## To do
An exact reprint of the listing is required, with no pictures included.

________________________________________

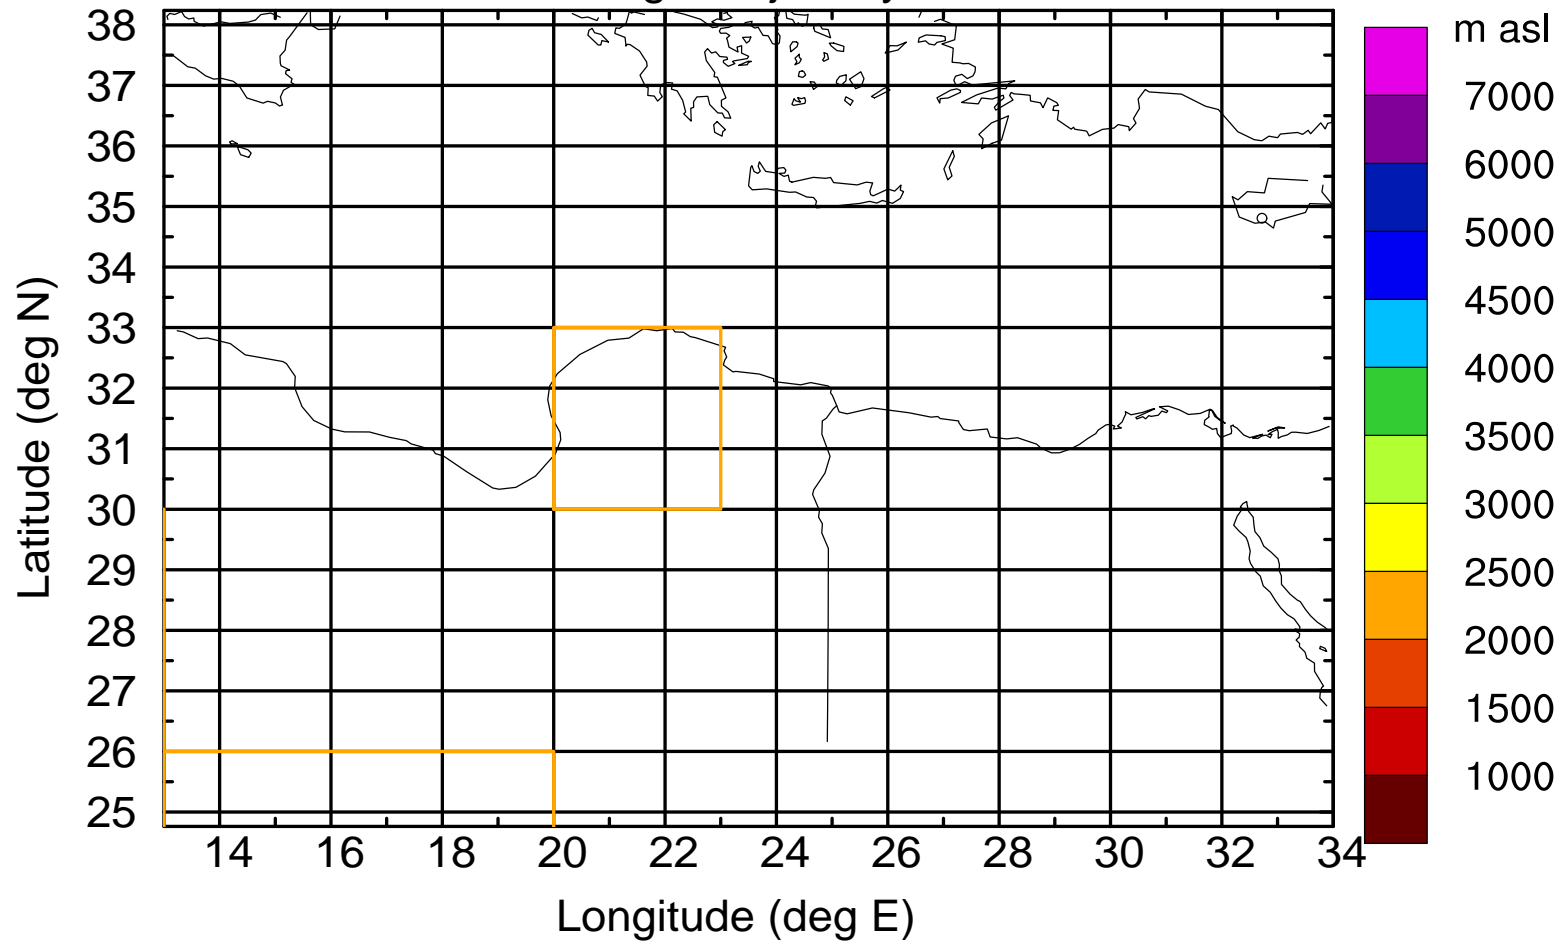

Flight trajectory

Paphos Airport ground station 20170422 4:00 UTC

Flight trajectory

Paphos Airport ground station 20170422 4:00 UTC

Flight trajectory

Paphos Airport ground station 20170422 4:00 UTC

Flight trajectory
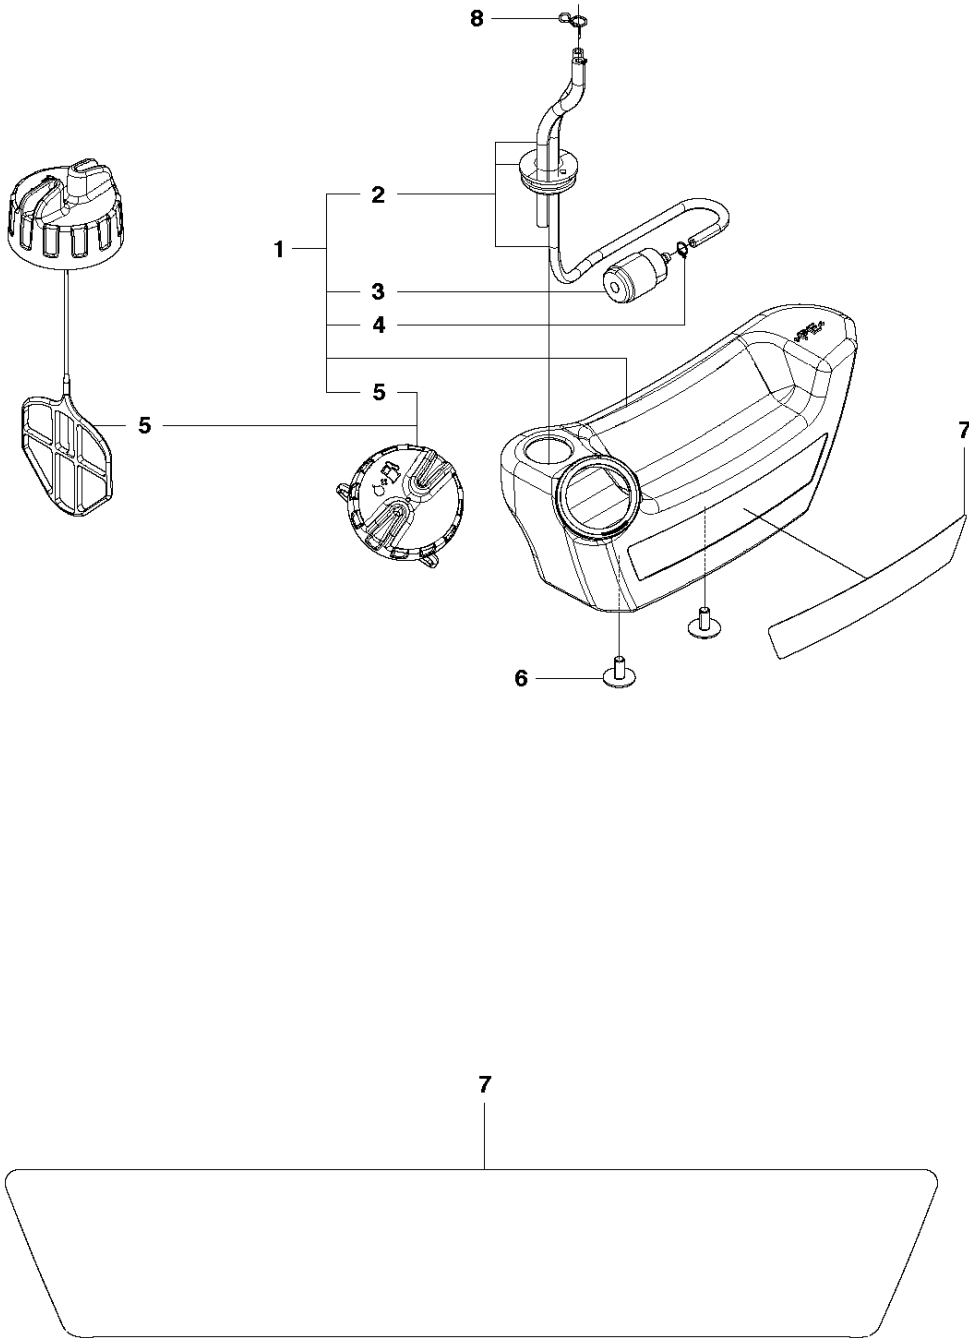

G 130BT

FUEL TANK

130 BT, 965102208, 2013-08

Ref	Part no.	Description	Remark	Qty	Kit
1	581 41 53-01	FUEL TANK	US	1	
2	504 11 76-01	HOSE ASSY		1	1
3	503 44 32-01	FILTER		1	1
4	506 70 70-01	CLIP		1	1
5	578 93 15-03	FUEL CAP ASSY		1	1
6	544 27 31-01	SCREW		2	
7	504 11 78-02	DECAL		1	
8	506 74 15-01	CLIP		1	1

________________________________________

## Result of this exercise
Flight trajectory

Paphos Airport ground station 20170422 4:00 UTC

Flight trajectory

Paphos Airport ground station 20170422 4:00 UTC

Flight trajectory

Paphos Airport ground station 20170422 4:00 UTC

Flight trajectory

G 130BT

FUEL TANK

130 BT, 965102208, 2013-08

Ref	Part no.	Description	Remark	Qty	Kit
1	581 41 53-01	FUEL TANK	US	1	
2	504 11 76-01	HOSE ASSY		1	1
3	503 44 32-01	FILTER		1	1
4	506 70 70-01	CLIP		1	1
5	578 93 15-03	FUEL CAP ASSY		1	1
6	544 27 31-01	SCREW		2	
7	504 11 78-02	DECAL		1	
8	506 74 15-01	CLIP		1	1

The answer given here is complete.